Find the Minimum of a Vector

Hide Code

find_min_max <- function(x, summary_stat) {

  # Find minimum or maximum
  if (summary_stat == "min") {

    # Initialize minimum value
    x_min <- x[[1]]
    # Loop
    for (i in 2:length(x)) {
      if (x_min > x[[i]]) {
        x_min <- x[[i]]
      }
    }
    # Output
    x_min
  } else if (summary_stat == "max") {

    # Initialize minimum value
    x_max <- x[[1]]
    # Loop
    for (i in 2:length(x)) {
      if (x_max < x[[i]]) {
        x_max <- x[[i]]
      }
    }
    # Output
    x_max
  } else {

    # Warning
    abort(message = "summary_stat must either be min or max")
  }
}

The function above uses if statements and for loops; there may be a need to benchmark performance.

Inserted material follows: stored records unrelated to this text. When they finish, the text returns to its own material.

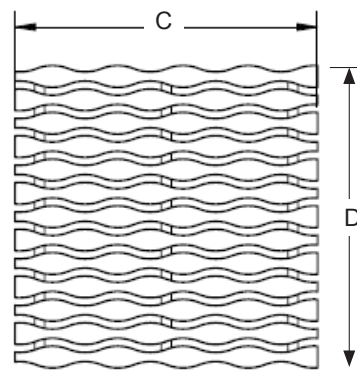

# QUICKDRAIN SQUAREDRAIN STREAM COVER TECHNICAL SPECIFICATION

## DESCRIPTION

SquareDrain Stream Covers are made of 18 gauge 304 Stainless Steel. They are available in three sizes; 4", 5" and 6", and in multiple finish options including Brushed Stainless Steel, Polished Stainless Steel, Brushed Gold, Polished Gold, Matte Black, Polished Black, Oil Rubbed Bronze and Polished Rose Gold.

## DIMENSIONS

[A]:	5-3/4"	[D]:	4-3/4"
[B]:	5-3/4"	[E]:	3-3/4"
[C]:	4-3/4"	[F]:	3-3/4"

Access BIM/Revit content through [www.LRBrands.com/QuickDrain](http://www.LRBrands.com/QuickDrain)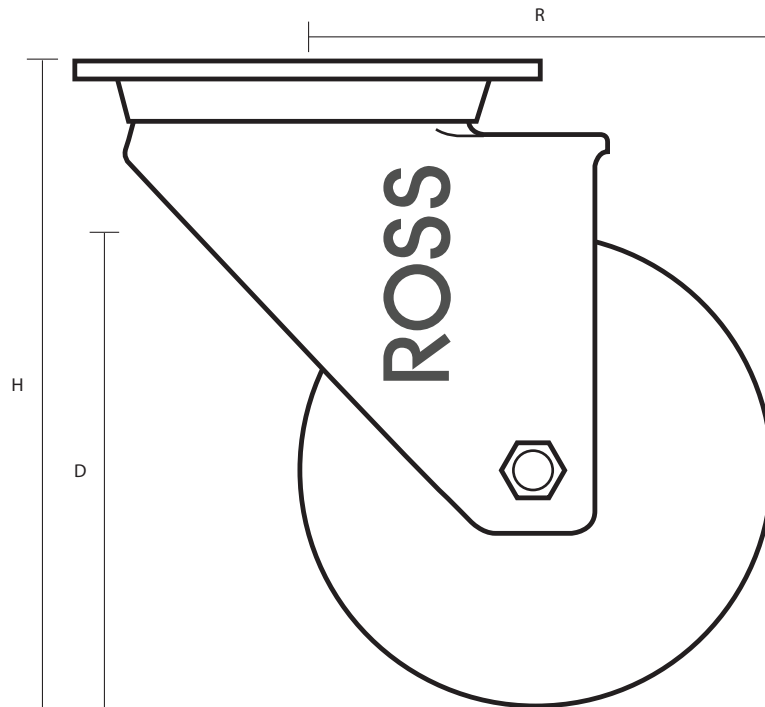

SSL-150-TPR (150mm Stainless Steel Swivel Castor Grey Rubber Wheel)

Castor Dimensions - Key

D	Wheel Diameter	150mm
L	Plate Dimension Length (mm)	90mm
L1	Plate Dimension Width (mm)	70mm
C	Plate Hole Centres length (mm)	70mm
C1	Plate Hole Centres width (mm)	50mm
D1	Plate Hole Diameter (mm)	8mm
H	Total Castor Height (mm)	188mm
W	Tread Width (mm)	30mm
R	Swivel Radius (mm)	123mm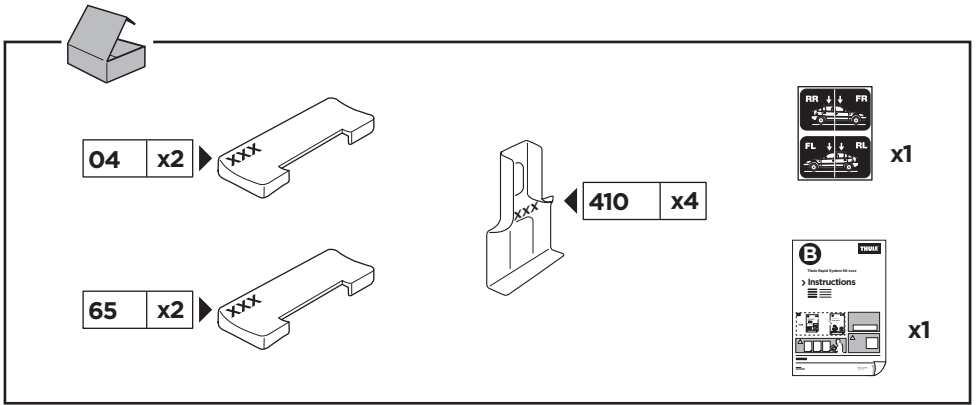

*North America

The diagram is divided into four main sections:

- Top Left:** A dashed box containing an information icon (i), a warning triangle, an illustration of a person reading instructions, and two instruction manuals labeled 'B' and 'A'. An arrow points from manual 'B' to manual 'A'.
- Top Right:** A weight calculation diagram. It shows a bag labeled 'xx kg xx lbs' plus a bar labeled '7 kg 15,4 lbs' equals a maximum weight of '40 kg 88 lbs'. Below this, it shows two screws labeled '3 kg 6,6 lbs'.
- Bottom Left:** A dashed box containing a warning triangle, three instruction manuals labeled 'A', 'B', and 'Security', and an illustration of a person reading instructions.
- Bottom Right:** A diagram showing a car with a roof rack. A speedometer icon indicates a maximum speed of 80 km/h (50 Mph) for the load, with a warning triangle. A secondary speedometer icon indicates a maximum speed of 130 km/h (80 Mph) for the vehicle.

ISO 11154-E

141503

C.20180724
519-1503-05

Bring your life
thule.com

1

	X (scale)	X (mm)	X (inch)
FORD Fiesta, 3-dr Hatchback, 08-17	34	991	39
FORD Fiesta Van, 3-dr Hatchback, 08-17	34	991	39
FORD Fiesta, 5-dr Hatchback, 08-17	33	981	38 ⁵/₈
FORD Fiesta, 4-dr Sedan, *11-	34,5	997	39 ¹/₄
FORD Fiesta, 5-dr Hatchback, *11-	34,5	997	39 ¹/₄

	Y (scale)	Y (mm)	Y (inch)
FORD Fiesta, 3-dr Hatchback, 08-17	29,5	946	37 ¹/₄
FORD Fiesta Van, 3-dr Hatchback, 08-17	29,5	946	37 ¹/₄
FORD Fiesta, 5-dr Hatchback, 08-17	30	951	37 ¹/₂
FORD Fiesta, 4-dr Sedan, *11-	30	953	37 ¹/₂
FORD Fiesta, 5-dr Hatchback, *11-	30	953	37 ¹/₂

	W (mm)	Z (mm)	W (inch)	Z (inch)
FORD Fiesta, 5-dr Hatchback, 08-17	320	600	12 5/8	23 5/8
FORD Fiesta, 4-dr Sedan, *11-	289	610	11 3/8	24
FORD Fiesta, 5-dr Hatchback, *11-	289	610	11 3/8	24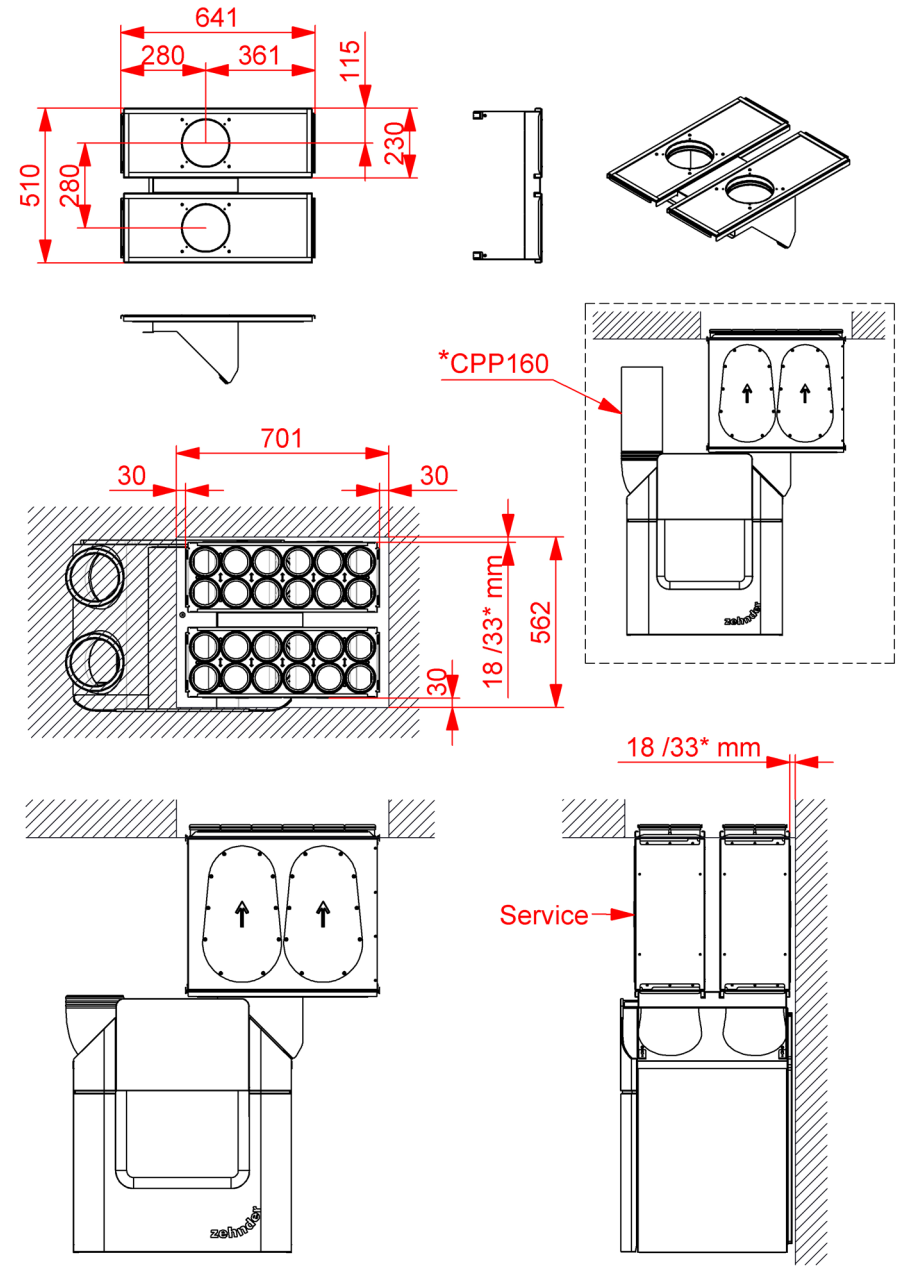

CAQ350/450-TR / CW-K625 / CW-M625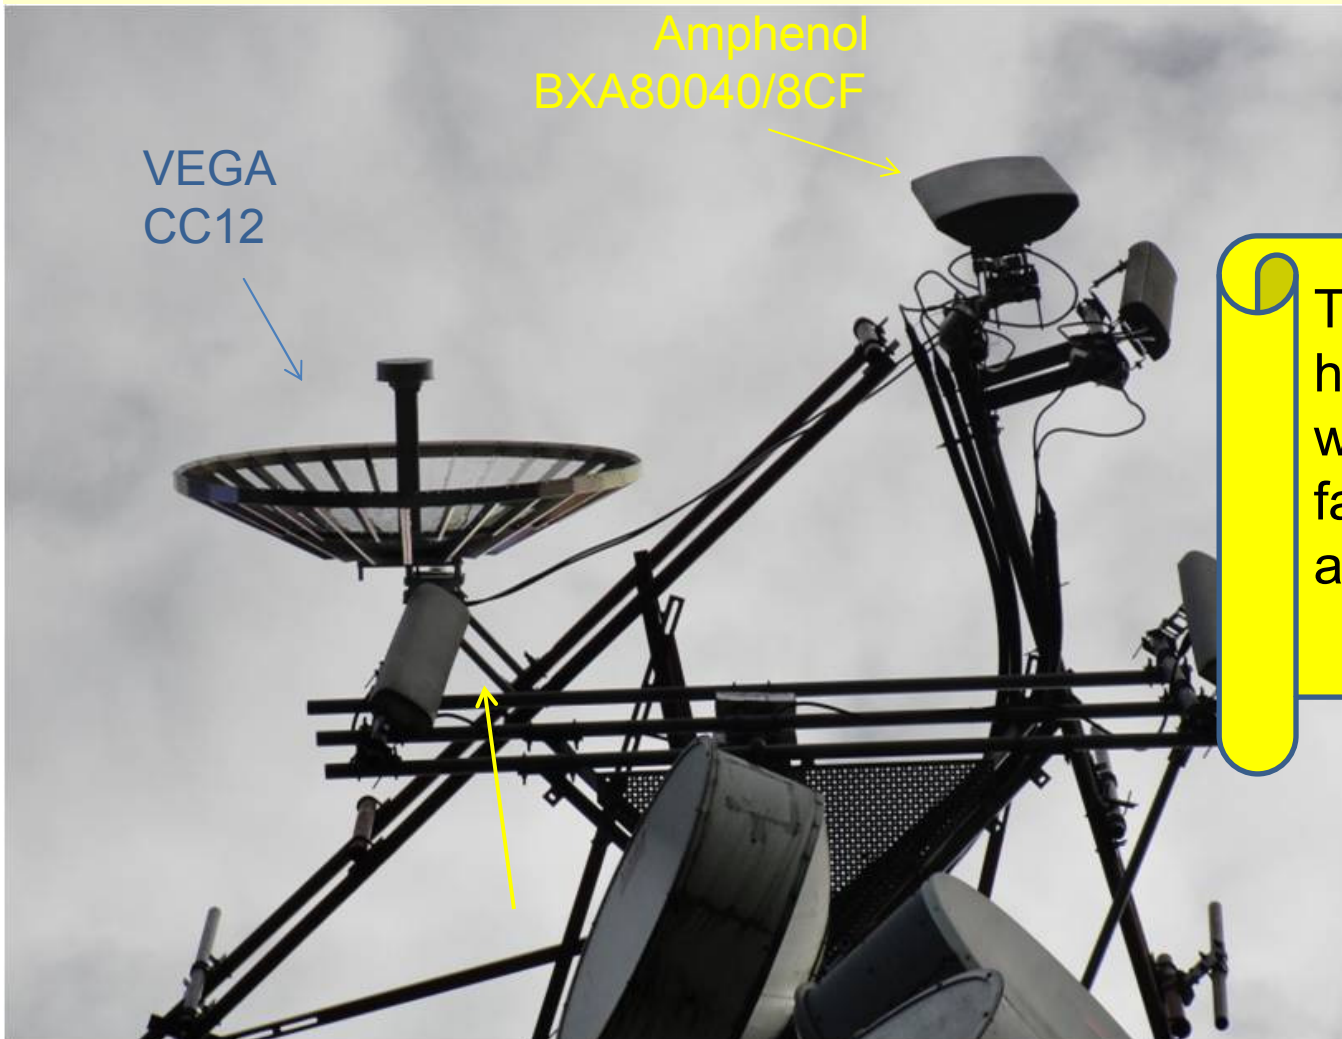

VEGA Applications by Telefonica Colombia

Remote Villages Covered from 14km Distant sector

A comparison of **VEGA CC12** with 2.4m long 20.1dBi, 40° Panel

1

Telefonica Colombia has made the test with VEGA giving by far higher signal within all 3 villages covered.

VEGA Applications by Telefonica Colombia

A comparison of **VEGA CC12** with 20.1dBi 40° Panel

Statistic	
Mean	-71.2
Mode	-70.0
Maximum	-50.0
Minimum	-101.0
Count	13720

Statistic	
Mean	-75.7
Mode	-76.0
Maximum	-53.0
Minimum	-101.0
Count	13130

However, we are not creating copies each time we create a binding from the name “x_min” to a new vector object. This is because the new vector object only has a single name bound to it, and so R applies the modify-in-place optimization.

Hide Code

# Test vector
x <- sample(x = 20:1923, size = 1000, replace = FALSE)
# Find min and max
find_min_max(x, summary_stat = "min")

[1] 20

Hide Code

find_min_max(x, summary_stat = "max")

[1] 1922

Hide Code

# Confirm using base R functions
min(x)

[1] 20

Hide Code

max(x)

[1] 1922

That is it for control flows in R! Hopefully, this was helpful.